Вот почему символизм не противоречит подлинному реализму и вместе с тем реализм окружающей видимости символисты рассматривают как отражение некоей возможной полноты. Окружающая жизнь есть бледное отражение борьбы жизненных сил человеческих с роком. Символизм углубляет либо мрак, либо свет; возможности превращает он в подлинности: наделяет их бытием. Вместе с тем в символизме художник превращается в определённого борца (за жизнь либо смерть). Возможность полноты не реальна только от причин, противоборствующих её воплощению.
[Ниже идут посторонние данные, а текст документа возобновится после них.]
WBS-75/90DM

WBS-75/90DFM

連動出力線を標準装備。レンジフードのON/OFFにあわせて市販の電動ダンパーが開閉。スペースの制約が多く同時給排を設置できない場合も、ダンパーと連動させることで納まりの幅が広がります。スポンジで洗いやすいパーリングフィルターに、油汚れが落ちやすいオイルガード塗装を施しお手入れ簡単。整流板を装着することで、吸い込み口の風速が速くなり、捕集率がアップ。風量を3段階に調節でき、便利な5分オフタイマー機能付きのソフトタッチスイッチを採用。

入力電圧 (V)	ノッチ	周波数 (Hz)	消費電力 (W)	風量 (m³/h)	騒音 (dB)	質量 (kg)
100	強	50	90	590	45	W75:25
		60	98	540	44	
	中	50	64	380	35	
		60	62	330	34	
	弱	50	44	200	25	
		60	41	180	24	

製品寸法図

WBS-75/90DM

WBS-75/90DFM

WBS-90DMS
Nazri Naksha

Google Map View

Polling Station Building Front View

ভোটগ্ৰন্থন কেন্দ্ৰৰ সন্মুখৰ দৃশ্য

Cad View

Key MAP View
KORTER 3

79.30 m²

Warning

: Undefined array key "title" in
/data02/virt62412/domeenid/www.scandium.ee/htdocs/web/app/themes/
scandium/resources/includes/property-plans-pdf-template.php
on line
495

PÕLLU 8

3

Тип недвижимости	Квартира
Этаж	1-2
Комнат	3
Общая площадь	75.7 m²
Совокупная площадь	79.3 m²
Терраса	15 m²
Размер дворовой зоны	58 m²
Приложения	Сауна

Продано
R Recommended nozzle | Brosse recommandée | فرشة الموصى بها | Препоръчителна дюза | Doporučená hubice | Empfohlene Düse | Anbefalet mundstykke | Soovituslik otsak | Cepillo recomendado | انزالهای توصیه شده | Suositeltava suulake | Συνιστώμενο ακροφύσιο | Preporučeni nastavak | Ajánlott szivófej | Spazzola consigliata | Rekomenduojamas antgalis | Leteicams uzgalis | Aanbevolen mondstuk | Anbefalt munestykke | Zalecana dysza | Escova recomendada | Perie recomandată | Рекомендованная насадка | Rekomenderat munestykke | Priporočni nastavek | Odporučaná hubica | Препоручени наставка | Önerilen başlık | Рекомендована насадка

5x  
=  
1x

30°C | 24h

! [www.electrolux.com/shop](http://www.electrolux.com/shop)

Художник воплощает в образе полноту жизни или смерти; художник не может видоизменить самый образ видимости; ведь в образе том жизнь и смерть соединены; видоизменённый образ есть символ.
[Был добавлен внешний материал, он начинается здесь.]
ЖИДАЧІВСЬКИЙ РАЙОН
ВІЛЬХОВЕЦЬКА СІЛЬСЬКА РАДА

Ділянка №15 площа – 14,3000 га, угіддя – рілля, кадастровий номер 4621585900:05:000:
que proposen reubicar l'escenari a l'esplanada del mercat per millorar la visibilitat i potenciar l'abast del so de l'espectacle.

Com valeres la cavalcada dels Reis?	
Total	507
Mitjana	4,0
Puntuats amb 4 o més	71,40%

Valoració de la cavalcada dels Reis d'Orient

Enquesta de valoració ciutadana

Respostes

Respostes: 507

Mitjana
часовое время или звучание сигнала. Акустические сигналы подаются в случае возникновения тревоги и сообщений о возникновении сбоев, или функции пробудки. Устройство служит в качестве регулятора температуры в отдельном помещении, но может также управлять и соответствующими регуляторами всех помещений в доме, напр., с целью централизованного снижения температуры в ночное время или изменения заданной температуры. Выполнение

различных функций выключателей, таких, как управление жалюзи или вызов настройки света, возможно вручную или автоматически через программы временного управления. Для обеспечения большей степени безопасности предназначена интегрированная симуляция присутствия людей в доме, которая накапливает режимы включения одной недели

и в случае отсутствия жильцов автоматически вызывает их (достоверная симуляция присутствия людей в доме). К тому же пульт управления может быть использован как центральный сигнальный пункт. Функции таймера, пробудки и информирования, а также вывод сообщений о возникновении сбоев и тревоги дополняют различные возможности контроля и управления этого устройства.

Но полнота жизни и смерти может открываться двояко; она может звучать в переживании самого художника; обратно: образ видимости может пробуждать в художнике стремление к полноте; в том и другом случае художник-символист, насыщая образ переживанием, претворяет его в своём творчестве; такой претворённый образ есть символ; но пути воплощения символа различны: в первом случае переживание вызывает образ; во втором: образ вызывает переживание; в первом случае видимость образа поглощена переживанием; самый образ видимости есть лишь предлог его передать; и потому форма образа свободно изменяется, самые образы свободно комбинируются (фантазия): такова романтика символизма; таковы основания назвать символизм неоромантизмом. Во втором случае переживание связано образом видимости; самое переживание есть лишь предлог видоизменить образ; элементы его формы – эмблемы, указующие на символических характер образа. И поскольку форма воплощения образа (техника искусств) касается самого образа, составляя как бы его плоть, постольку технические вопросы формы начинают играть первенствующее значение; отсюда связь между символизмом и классическим искусством Греции и Рима. Отсюда интерес символистов к памятникам античной культуры, воскрешение латинских и греческих поэтов, изучение ритма, стиля и словесной инструментовки мировых гениев литературы. Вот почему символизм не без основания называют неоклассицизмом.
Момент реализма всегда присутствует в символизме; романтика и культ формы всегда присутствует в нём. И оттого-то символизм отпечатлелся в литературе тремя существенными лозунгами: 1) символ всегда отражает действительность; 2) символ есть образ, видоизменённый переживанием; 3) форма художественного образа неотделима от содержания.
И поскольку действительность для художника-символиста не совпадает с осязаемой видимостью явлений, входя, как часть, в видимость, постольку и проповедь символизма всегда начиналась с протеста против отживших и узких догматов наивного реализма в искусстве. Наивного реализма уже нет в науке; более того: теоретическая физика давно уничтожила материю как субстанцию явлений; все образованные учёные это знают; но в искусстве продолжают преобладать осколки когда-то разбитых научных догматов. И теоретики искусства, и художественные критики часто стоят не на уровне научного миросозерцания; оттого-то они, вооружась против символа, зачастую насилуют здоровый творческий инстинкт; и оттого-то характерной чертой нового искусства является протест против монополии «кажущегося реальным» реализма в искусстве. Нечего говорить, что реализм символисты не отрицают.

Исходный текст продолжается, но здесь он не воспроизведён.